Luther, la rage dans le sang

C’est marrant, mais quand je regarde la carrière cinéma d’Idris Elba, ça me fait pas vraiment rêver. Ses rôles dans Prometheus, Thor ou Pacific Rim le classent plutôt dans la catégorie « acteur pour nanar », rien de vraiment palpitant. Pourtant, même dans ces films il en impose, physiquement il habite l’écran sans presque rien dire.

Puis je jette un coup d’œil sur son CV série, le petit à côté, plié en 2 et glissé sous la pile, oui, voilà, là… « Sur écoute »… Ouaip… Stringer Bell, le business man calme et inquiétant dans ce qui est sûrement une des meilleures séries au monde, c’était lui. Et le revoilà dans le petit écran avec Luther, série policière anglaise comportant pour le moment deux saisons, une de 6 épisodes, et une de 4. Et en regardant cette nouvelle série, on se dit que les réalisateurs de cinéma ont rien compris au potentiel du bonhomme, contrairement à leurs collègues de la télé.

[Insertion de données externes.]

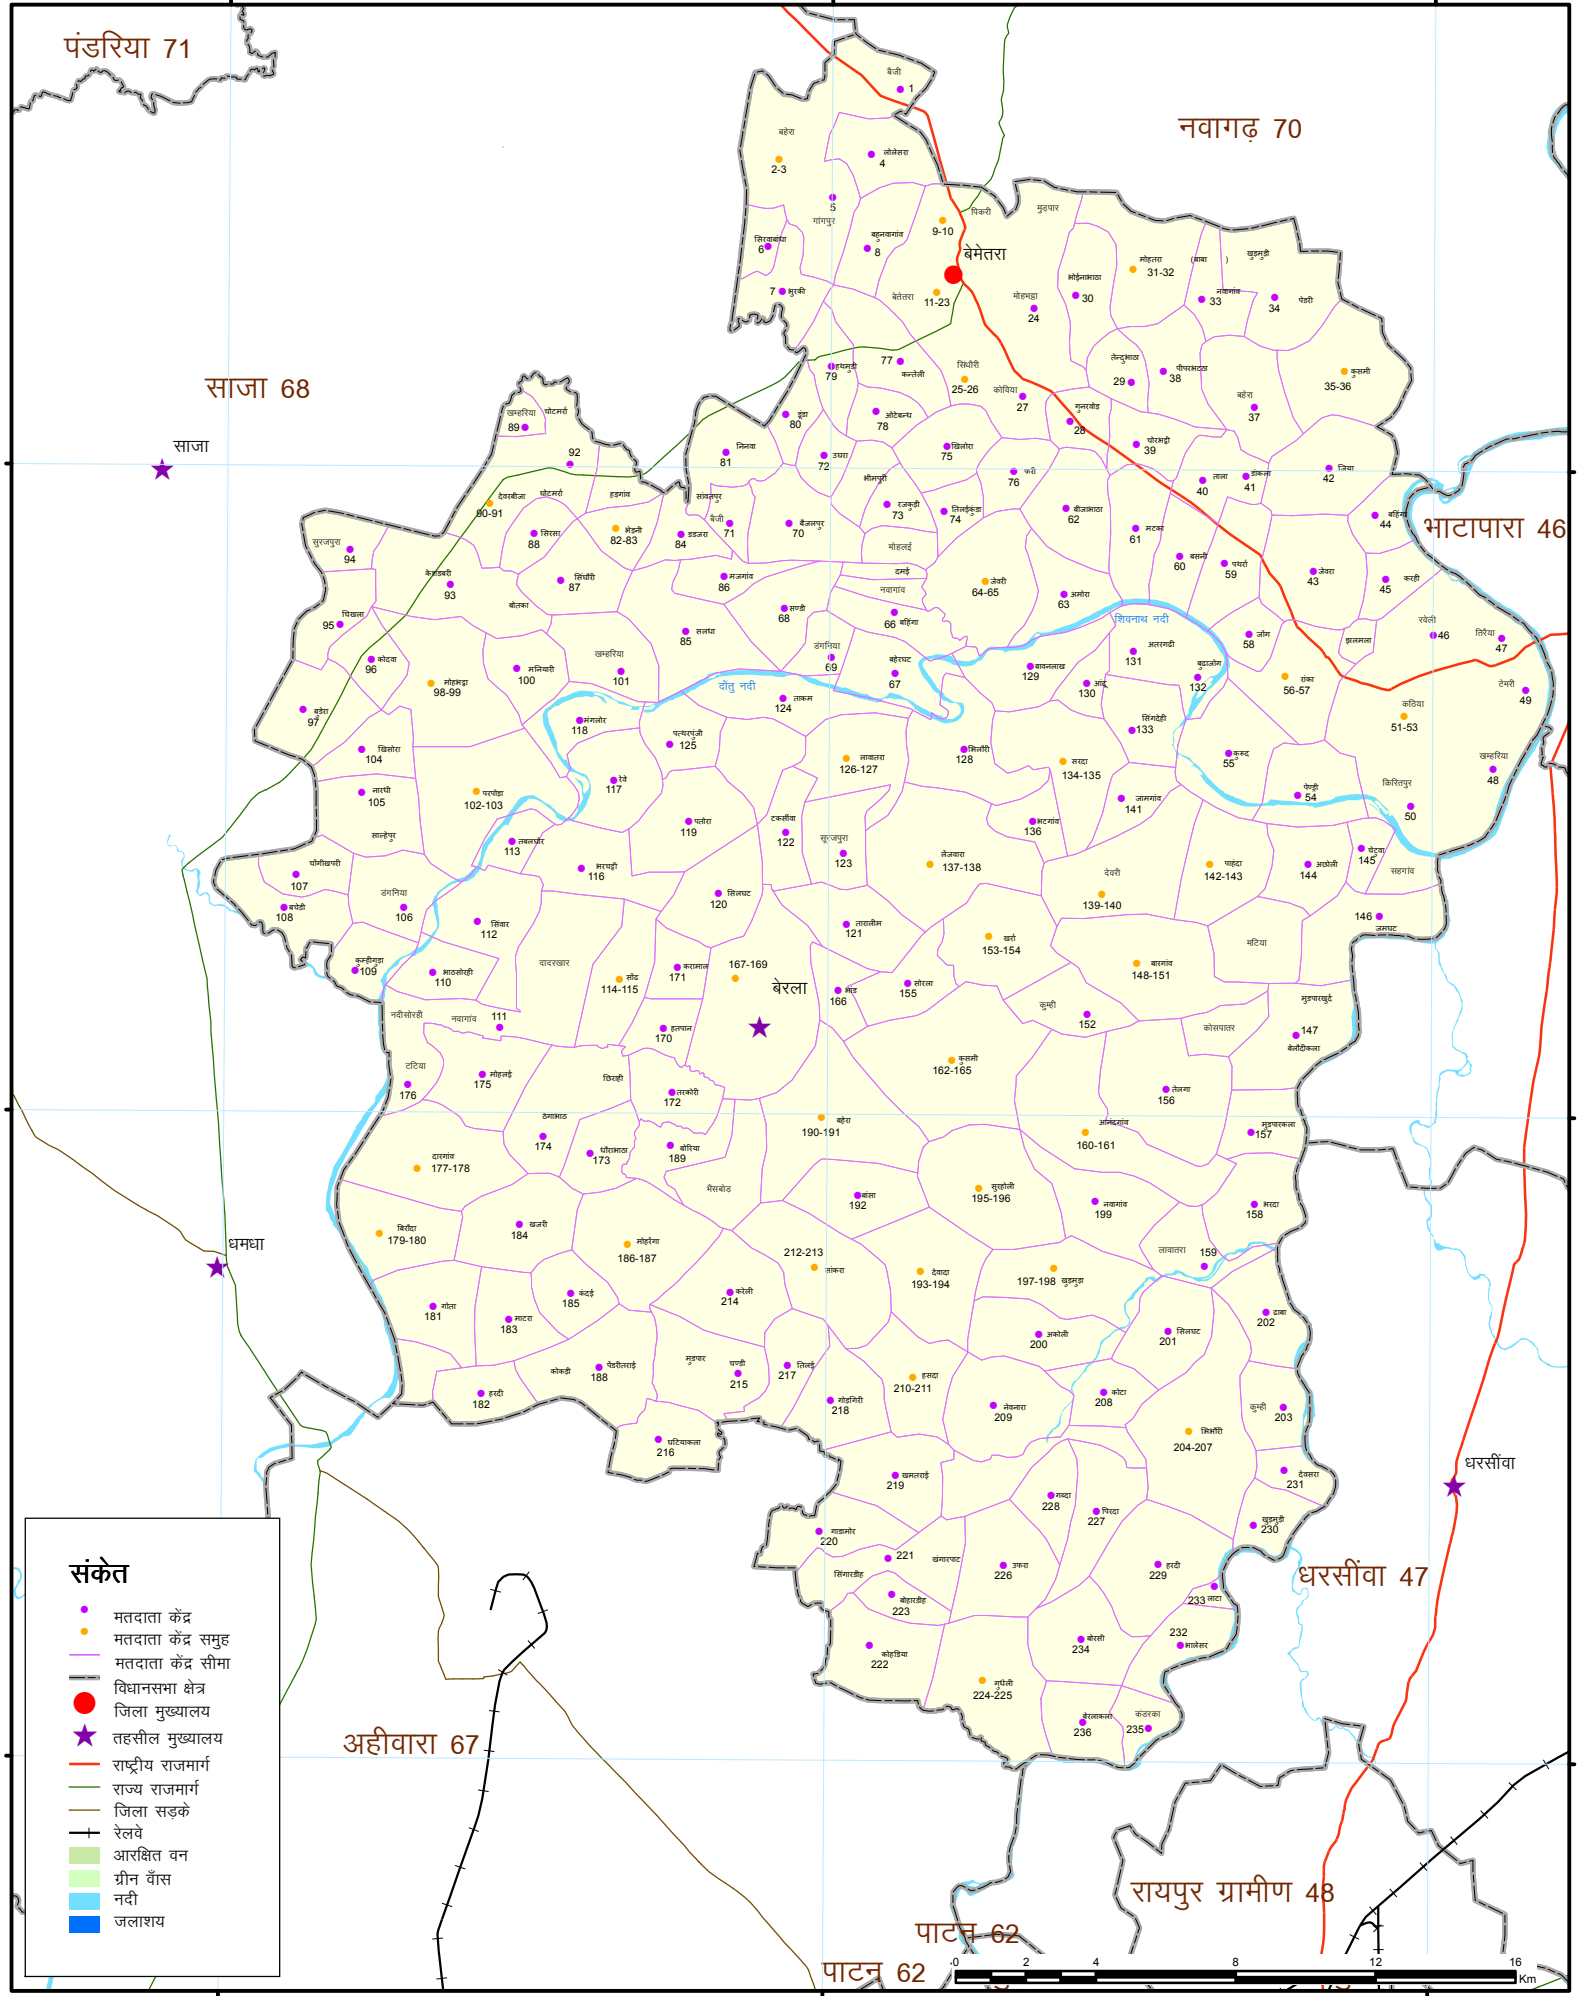

विधानसभा क्षेत्र बेमेतरा 69

81°20'0"E

81°30'0"E

81°40'0"E

पंडरिया 71

नवागढ़ 70

साजा 68

भाटापारा 46

बेमेतरा

बेरला

धमधा

धरसीवा

धरसीवा 47

रायपुर ग्रामीण 48

पाटन 62

अहीवारा 67

संकेत

- मतदाता केंद्र
- मतदाता केंद्र समुह
- मतदाता केंद्र सीमा
- विधानसभा क्षेत्र
- ★ जिला मुख्यालय
- ★ तहसील मुख्यालय
- राष्ट्रीय राजमार्ग
- राज्य राजमार्ग
- जिला सड़क
- रेलवे
- आरक्षित वन
- ग्रीन बॉस
- नदी
- जलाशय

81°20'0"E

81°30'0"E

81°40'0"E

पाटन 62

Luther est une série policière comme il y en a tant, un policier torturé pas très clean, des meurtriers, des coéquipiers, des supérieurs, etc… On connait la musique… Ce qui rend le personnage de John Luther si unique et bien construit, c’est qu’il est humain, c’est un monsieur qui se fout en rogne assez facilement et quand on fait ce métier ça peut être un peu problématique. Cette colère est toujours présente, elle habite et porte l’acteur toujours immense à l’écran (au sens propre), elle est contenue mais prête à déborder en permanence et la saison 1 en joue parfaitement. On retrouve un peu du Vic Mackey de « The shield » mais en beaucoup plus nuancé et moins pourri, et quand monsieur Elba cogne dans un mur, de rage, on y croit et on s’écraserait presque les phalanges avec lui (question d’immersion).

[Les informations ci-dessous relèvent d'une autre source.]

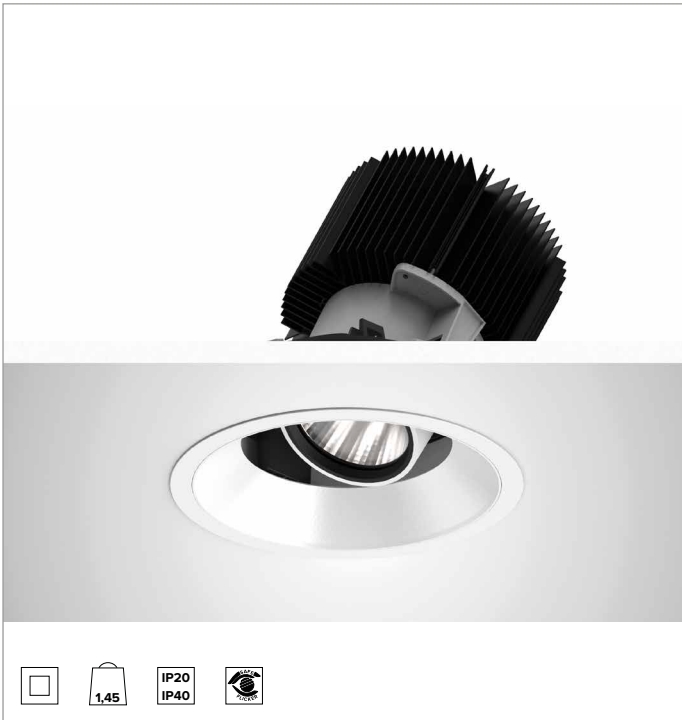

1T8614EL | CTEVO ARCHITECTURAL 160

Proiettore da incasso orientabile a LED in versione trim

		3500K	H(m)	D(m)	E _{max} (lx)
		Ra90		47°	
		Fixture Power	74W	1	0.87
		Source Flux	7803lm	2	1.74
		Fixture Flux	5854lm	3	2.61
		Efficacy	79lm/W	4	3.47
TS1282	I _{max} =1272cd/klm	I _{max}	9924cd	5	4.34

CCT nominale: 3500K

Durata utile (L80/B10): >50000h tq +25°C

CARATTERISTICHE ILLUMINOTECNICHE

MWFL - ottica di precisione con anello cut off in silicone nero. Versione con riflettore a sfaccettature convesse in alluminio anodizzato speculare e filtro olografico diffondente. UGR<22 (EN 12464-1).

Corpo e dissipatore in pressofusione di alluminio verniciato di colore bianco. Cover di colore bianco. Orientabilità del corpo ottico fino a 30° sul piano verticale, con blocco meccanico del puntamento e scala graduata, e orientabilità di 358° sul piano orizzontale. Versione trim con anello integrato bianco.

Colore e finitura: Bianco gesso

Peso: 1,45Kg

Versione: TRIM HO

Grado di protezione: IP20 per la parte incassata

Grado di protezione: IP40 per la parte in vista

CARATTERISTICHE ELETTRICHE

Driver integrato elettronico ON-OFF.

Oui, la série est clairement portée à bout de bras par l’acteur, il en est l’intérêt principal mais ça ne signifie pas que le boulot du reste de l’équipe est mauvais, bien au contraire. Le  casting vraiment excellent prend à revers pas mal de poncifs des séries policières. Par exemple on est habitués que le chef du détective soit toujours un maniaque qui essaye de le contrôler et passe son temps à lui coller des avertissements, mais c’est ici plutôt le contraire dès le début, sa supérieure lui laisse une marge qui frise la faute professionnelle, établissant d’entrée de jeu une relation de confiance et de crainte. On retrouve ce schéma sur le personnage de Justin Ripley qui prend une envergure énorme au fil de la première saison pour celui qu’on ne voyait que comme le jeune sidekick naïf.

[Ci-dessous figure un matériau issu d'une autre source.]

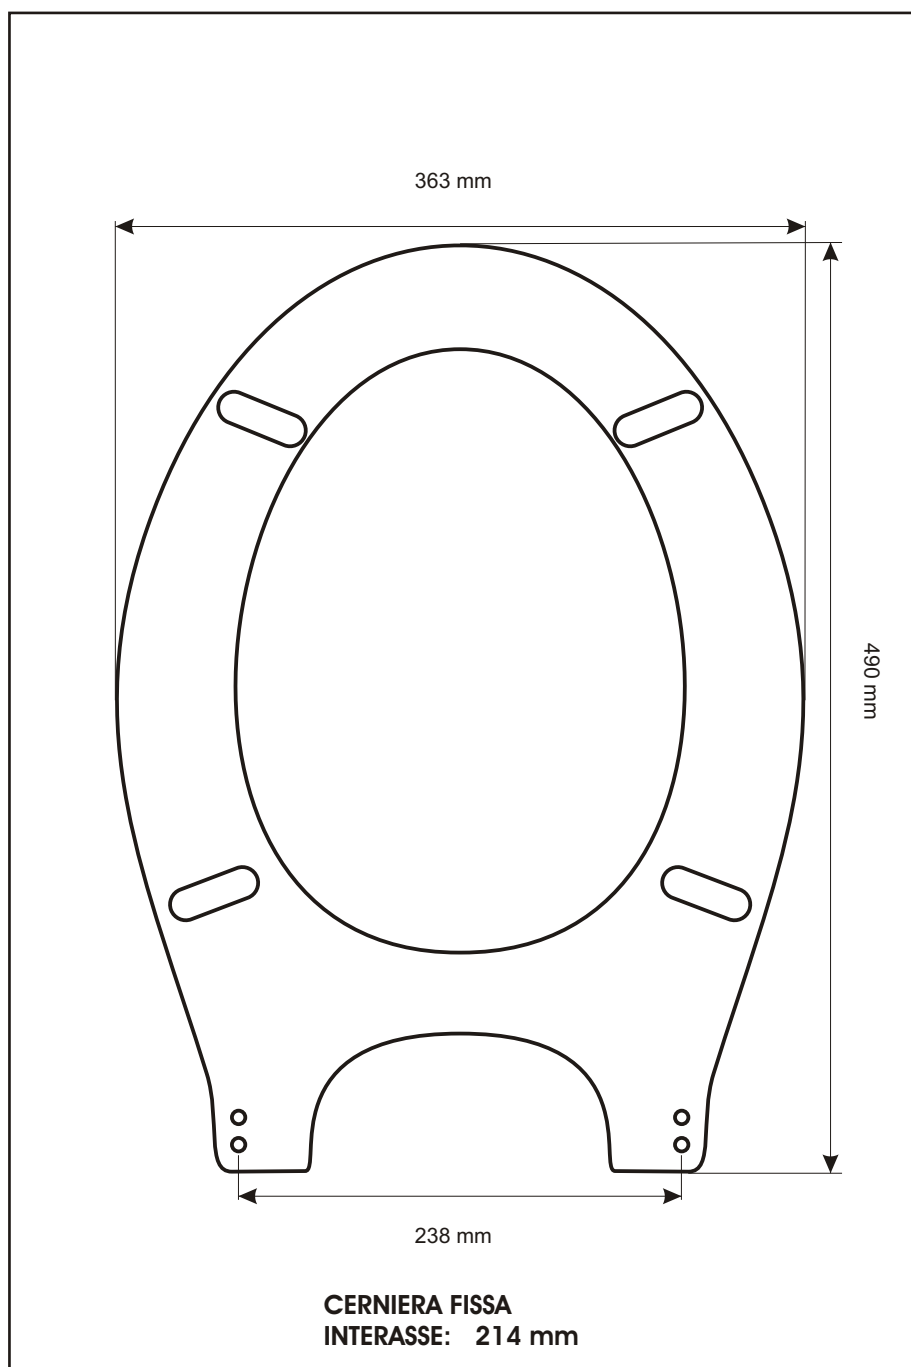

SCHEDA TECNICA
COPRIWATER IN RESINA POLIESTERE

Codice articolo: **421992**
Nome articolo: **SYNTHESYS**
Azienda: **SIMAS**
Cerniera: **FISSA COMINOTTI CON VITE 6X40**
Paracolpi anteriori: **mm 10 - 2 CHIODI**
Paracolpi posteriori: **mm 10 - 2 CHIODI**

Ce héros tout en tension et imprévisible, l’histoire le place au milieu de plusieurs enjeux qui se croisent sans cesse, entre ses enquêtes, son ex-femme, l’excellent et emblématique personnage d’Alice, tout va faire des aller-retours et se mélanger jusqu’à former un tout cohérent et indissociable pour aboutir à un final saisissant. Les scénaristes n’hésitent pas à bousculer le schéma propre aux cop-shows classiques, chaque épisode n’est pas sans conséquence sur la trame générale et le petit nombre d’épisodes empêche la série de stagner. Ce format anglais de saisons très courtes leur permet de produire des expériences plus intenses et sur ce genre de séries ça se prête particulièrement bien, le personnage aurait sûrement perdu en force si on l’avait dilué sur 24 épisodes. Déjà la saison 2 est légèrement décevante de ce point de vue là mais se rattrape pas des enquêtes vraiment intéressantes et un format encore plus resserré et plus proche d’un long-métrage puisque chaque enquête prend deux épisodes d’une heure.

Les américains ont relancé l’intérêt du grand public pour les séries télévisés en cassant les codes qu’ils avaient établi et en se permettant d’écrire pour surprendre, mais leurs séries policières sont revenues bizarrement dans des schémas vraiment gonflants du « spécialiste consultant qui épaule les gentil policiers avec son plus ou moins super-pouvoir toutes les semaines ». C’est rafraichissant de retrouver une originalité et du caractère dans un personnage de flic et, après Sherlock, c’est encore aux anglais qu’on doit cette petite étincelle de fraîcheur.